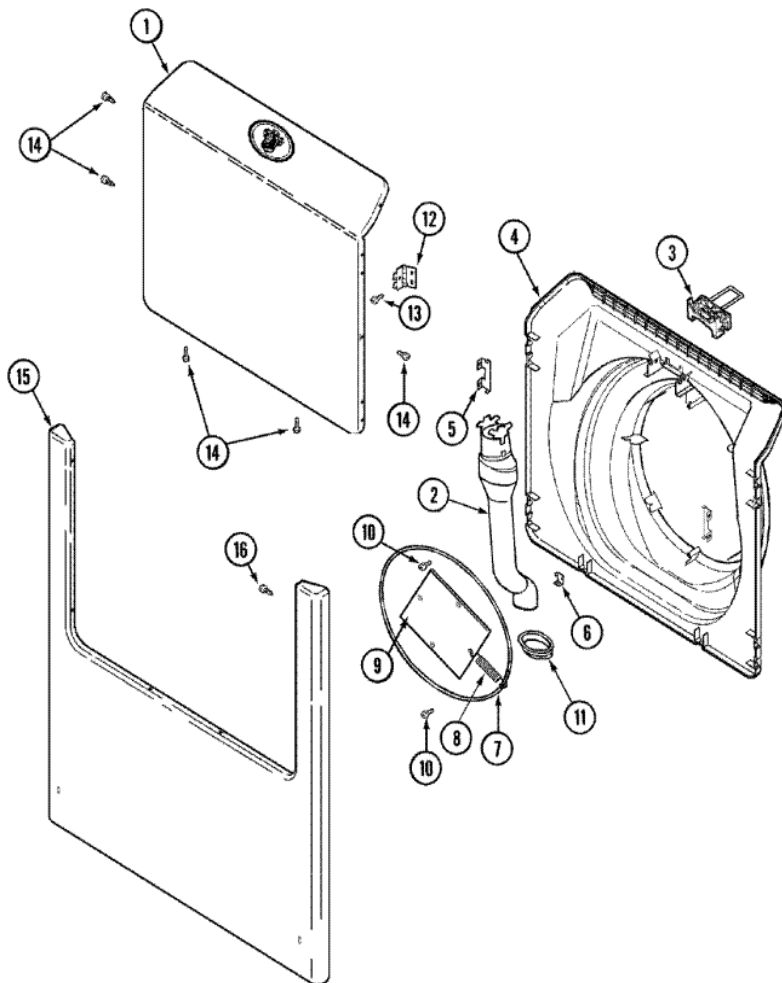

12	22004145	WIRE HARNESS (S/P)
12	22003856	MOTOR, VARIABLE SPEED
13	22003062	CORD, POWER (AS WRAPPED) (S/P)
14	2-11881	GROMMET, CORD
15	912365	SCREW (S/P)
16	22002551	HOSE, BLEACH (S/P)
17	22002552	DESCONTINUADO
18	22003457	HOSE, DETERGENT (S/P)
19	22004082	SEAL INSERTION TOOL (S/P)
19	22003849	SIPHON CAP (S/P)
19	22002266	CAP, SIPHON
20	22003848	SIPHON CUP (S/P)
20	22002265	CUP, SIPHON
21	205161	CLAMP - 15/16`` (S/P)
21	22001984	CLAMP, DRAIN HOSE (S/P)
22	22004317	CONTROL BOARD - LCD AS PK-SAM
23	22003835	DESCONTINUADO
25	12001930	DISPENSER VALVE ASY KIT (S/P)
26	22003328	TAG, ENERGY (LCD) (S/P)
27	16010061	DESCONTINUADO
28	12001927	DESCONTINUADO
28	22003309	SCRIPT, VIDEO (FRCH & SPN LCD) (S/P)
29	22003307	VIDEO, USE & CARE (LCD) (S/P)
30	22001640	CLAMP, HOSE (S/P)
31	22003832	FILL HOSE, DISPENSER (S/P)
32	22003833	HOSE, TUB SHOWER (S/P)

Distribuidor Autorizado

SurteRápido.com

Venta de Refacciones
Electrodomesticas

MAH750AWW PUERTA

◆ ◆ ◆ ◆

** Your objective **
I'd like the records above given again exactly, please, without the pictures.

** Response below **
12	22004145	WIRE HARNESS (S/P)
12	22003856	MOTOR, VARIABLE SPEED
13	22003062	CORD, POWER (AS WRAPPED) (S/P)
14	2-11881	GROMMET, CORD
15	912365	SCREW (S/P)
16	22002551	HOSE, BLEACH (S/P)
17	22002552	DESCONTINUADO
18	22003457	HOSE, DETERGENT (S/P)
19	22004082	SEAL INSERTION TOOL (S/P)
19	22003849	SIPHON CAP (S/P)
19	22002266	CAP, SIPHON
20	22003848	SIPHON CUP (S/P)
20	22002265	CUP, SIPHON
21	205161	CLAMP - 15/16`` (S/P)
21	22001984	CLAMP, DRAIN HOSE (S/P)
22	22004317	CONTROL BOARD - LCD AS PK-SAM
23	22003835	DESCONTINUADO
25	12001930	DISPENSER VALVE ASY KIT (S/P)
26	22003328	TAG, ENERGY (LCD) (S/P)
27	16010061	DESCONTINUADO
28	12001927	DESCONTINUADO
28	22003309	SCRIPT, VIDEO (FRCH & SPN LCD) (S/P)
29	22003307	VIDEO, USE & CARE (LCD) (S/P)
30	22001640	CLAMP, HOSE (S/P)
31	22003832	FILL HOSE, DISPENSER (S/P)
32	22003833	HOSE, TUB SHOWER (S/P)

Distribuidor Autorizado

SurteRápido.com

Venta de Refacciones
Electrodomesticas

MAH750AWW PUERTA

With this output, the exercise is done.